風呂を出て、五十嵐と顔を合わせるのが妙に気恥ずかしい。
(いつも落ち着いてるのに……見たことないぐらいびっくりしてたな……)
初体験を貰ってくださいと言った時、言葉も出ないほど五十嵐は驚いていた。
結局その沈黙に耐え切れず、返事を聞く前に五十嵐の前を立ち去ってしまったが…。
きっと今頃、五十嵐も頭を抱えて悩んでいるに違いない。
(……ドキドキが止まんない……)
柚子はそっと小さな胸を押さえる。
息苦しささえ覚えるほど、ずっと鼓動が早く打ちっぱなしで。
今夜のことを思うと、胸が甘く疼く。
少しの恐怖心と、いよいよだという期待にも似た不思議な感情……。
(世間の女の子達って、みんなこんな風に感じるのかな……)
佐伯に求められた時はただ、恐怖と緊張でガチガチになってしまって。
結局、最後まではできなかった。
けれど今はあの時と違って、その緊張もどこか心地好くて……。
(五十嵐さんが大人だから、かな。
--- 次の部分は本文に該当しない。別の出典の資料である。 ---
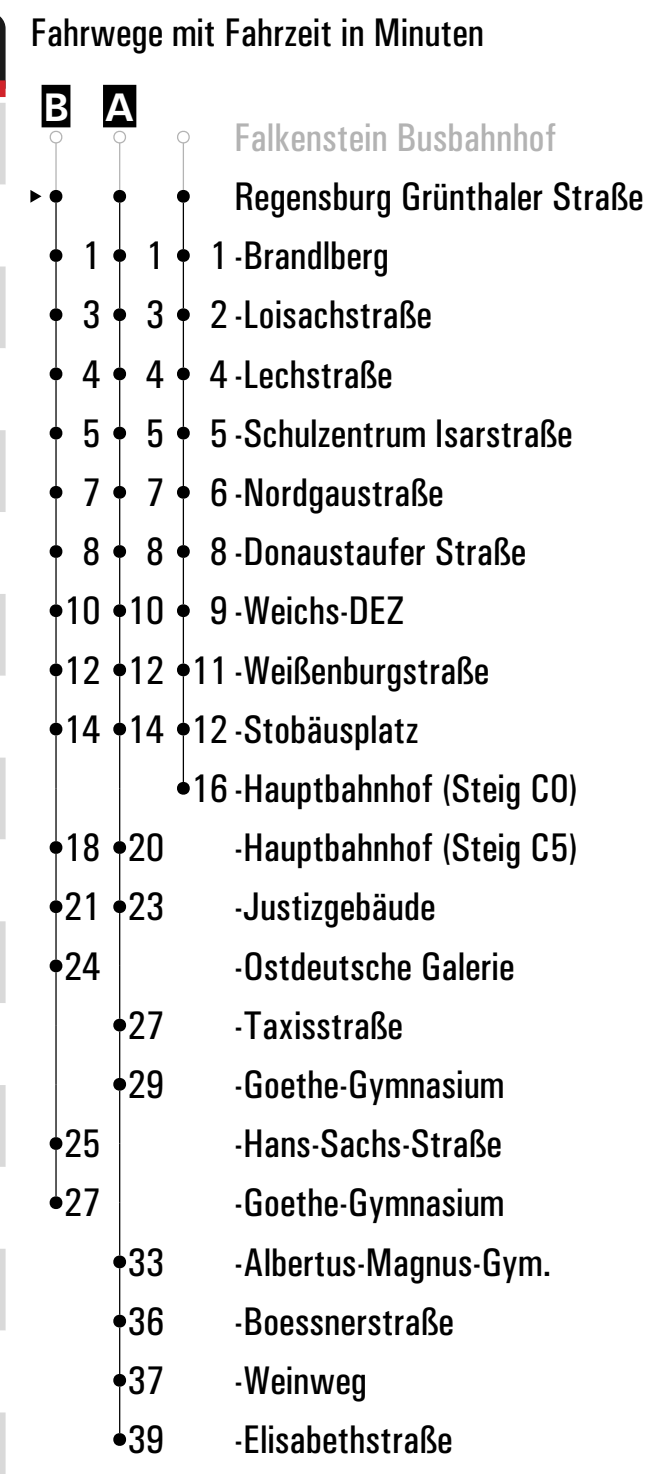

RVV 34 ^H Regensburg Grünthaler Straße ▶ Regensburg Hauptbahnhof

	Montag - Freitag					Samstag					Sonn-/Feiertag						
05	39					39											
06	47																
07	06^{sf}	06^B_s	06^A_s										19				
08	19	49															
09	26					26											
10																	
11	26																
12																	
13	39																
14	19					19											
15	49																
16																	
17																	
18	39																
19																	
20																	
21																	
22																	
23																	

Am 24.12. und 31.12. Verkehr wie an Samstagen falls diese Tage nicht auf einen Sonntag fallen. Einschränkungen hierzu entnehmen Sie bitte der Tagespresse oder unter www.rvv.de Gültig ab 01.07.2024

A-B = Fahrwege   **s** = nur an Schultagen   **sf** = nur an schulfreien Tagen

安心して身をまかせられるから…?)
それもあるが、きっと前に押し倒された時。
面倒臭いなんて思わない、どれだけ時間がかかっても辛くないように優しく抱くと。
きっぱり言ってくれたからなのだろう。
入浴剤で白く濁った湯舟から出た膝に軽くおでこを乗せ、柚子は緊張をほぐすように小さく吐息した。